Although many factors can influence gene therapy vector transduction, histological staining of tissue remains the most accurate method for determining the success of lumbar intrathecal (IT) injections. Broad and even distribution of the gene therapy vector within the central nervous system (CNS) following injection is indicative of a successful procedure. Figure 2C represents a successful injection of a self-complementary AAV9-mediated gene therapy driving weak ubiquitous transgene expression under the JeT promoter at a dose of 1.3 × 1011 vg/mouse in neonatal (P1) mice, 4 months post-injection.
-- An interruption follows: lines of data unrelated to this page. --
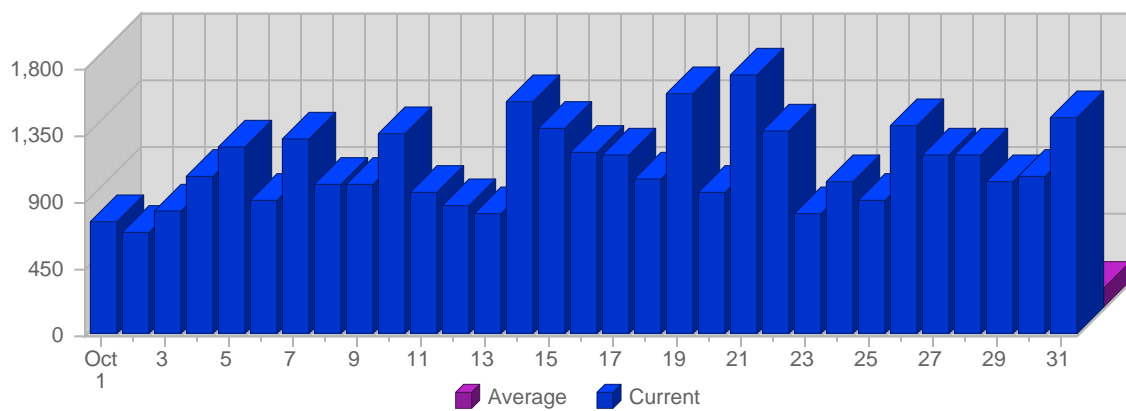

Traffic Reports Page Views

Report Description

Report Description: Page Views during the month of October 2010
 Report Range: Month of October 2010
 Report Scope: Historical Data

Historic Breakdown

Breakdown

Date	Total Page Views	Average Page Views Historically	Change	Percent of Total Page Views
Fri Oct 1st, 2010	760	97.05	+237 ▲	2.16%
Sat Oct 2nd, 2010	692	79.05	-248 ▼	1.96%
Sun Oct 3rd, 2010	837	137.30	-337 ▼	2.38%
Mon Oct 4th, 2010	1,064	163.15	-50 ▼	3.02%
Tue Oct 5th, 2010	1,276	130.15	+393 ▲	3.62%
Wed Oct 6th, 2010	907	126.85	-226 ▼	2.57%
Thu Oct 7th, 2010	1,322	122.60	-292 ▼	3.75%
Fri Oct 8th, 2010	1,009	97.05	+249 ▲	2.86%
Sat Oct 9th, 2010	1,015	79.05	+323 ▲	2.88%
Sun Oct 10th, 2010	1,356	137.30	+519 ▲	3.85%
Mon Oct 11th, 2010	961	163.15	-103 ▼	2.73%
Tue Oct 12th, 2010	877	130.15	-399 ▼	2.49%
Wed Oct 13th, 2010	810	126.85	-97 ▼	2.30%
Thu Oct 14th, 2010	1,567	122.60	+245 ▲	4.45%
Fri Oct 15th, 2010	1,393	97.05	+384 ▲	3.95%
Sat Oct 16th, 2010	1,235	79.05	+220 ▲	3.50%
Sun Oct 17th, 2010	1,219	137.30	-137 ▼	3.46%
Mon Oct 18th, 2010	1,045	163.15	+84 ▲	2.97%
Tue Oct 19th, 2010	1,629	130.15	+752 ▲	4.62%
Wed Oct 20th, 2010	965	126.85	+155 ▲	2.74%
Thu Oct 21st, 2010	1,752	122.60	+185 ▲	4.97%
Fri Oct 22nd, 2010	1,375	97.05	-18 ▼	3.90%
Sat Oct 23rd, 2010	818	79.05	-417 ▼	2.32%
Sun Oct 24th, 2010	1,034	137.30	-185 ▼	2.93%
Mon Oct 25th, 2010	905	163.15	-140 ▼	2.57%
Tue Oct 26th, 2010	1,419	130.15	-210 ▼	4.03%
Wed Oct 27th, 2010	1,207	126.85	+242 ▲	3.43%
Thu Oct 28th, 2010	1,221	122.60	-531 ▼	3.46%
Fri Oct 29th, 2010	1,032	97.05	-343 ▼	2.93%
Sat Oct 30th, 2010	1,067	79.05	+249 ▲	3.03%
Sun Oct 31st, 2010	1,475	137.30	+441 ▲	4.19%
	35,244	3,080

RNAscope analysis, using a probe targeting the transgene delivered by the gene therapy, reveals broad distribution in the lumbar spinal cord, cervical spinal cord, and brain. A section of the liver and heart is included to highlight that, even with direct cerebrospinal fluid (CSF) injection, the gene therapy vector can still be distributed to peripheral tissues.

figure-results-1109
Figure 2: Stained 5-micron tissue sections of mouse CNS and peripheral tissue 4 months post-injection at P1. Red staining indicates transgene expression via RNAscope, and blue counterstaining of nuclei is done via hematoxylin. (A) Injection with a control formulation buffer. (B) Unsuccessful intraparenchymal injection with an AAV9 vector (scAAV9_JeT-hDDX3Xopt-SpA). (C) Successful lumbar IT injection with an AAV9 vector (scAAV9_JeT-hDDX3Xopt-SpA). The gene therapy vector used in (B) and (C) was given at a translationally relevant dose of 1.3E11 vg/mouse. Scale bar: top panel (5 mm); bottom panel (1 mm). Please click here to view a larger version of this figure.
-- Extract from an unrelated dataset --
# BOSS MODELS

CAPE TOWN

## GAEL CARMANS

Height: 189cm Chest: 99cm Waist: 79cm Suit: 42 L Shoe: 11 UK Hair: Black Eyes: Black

Concentrated expression in the lumbar spinal cord paired with a lack of expression in the brain, as shown in Figure 2B, may indicate an intraparenchymal injection of the spinal cord and should be considered a failed injection. This happens when the needle is inserted too far into the spinal column, past the intrathecal space, and into the spinal cord. Additionally, very low or no expression in the spinal cord and brain (not shown) should also be considered a failed off-target injection, assuming that a vector and dose are being used where broad CNS distribution is expected. This may be due to not inserting the needle far enough or from being lateral to the midline.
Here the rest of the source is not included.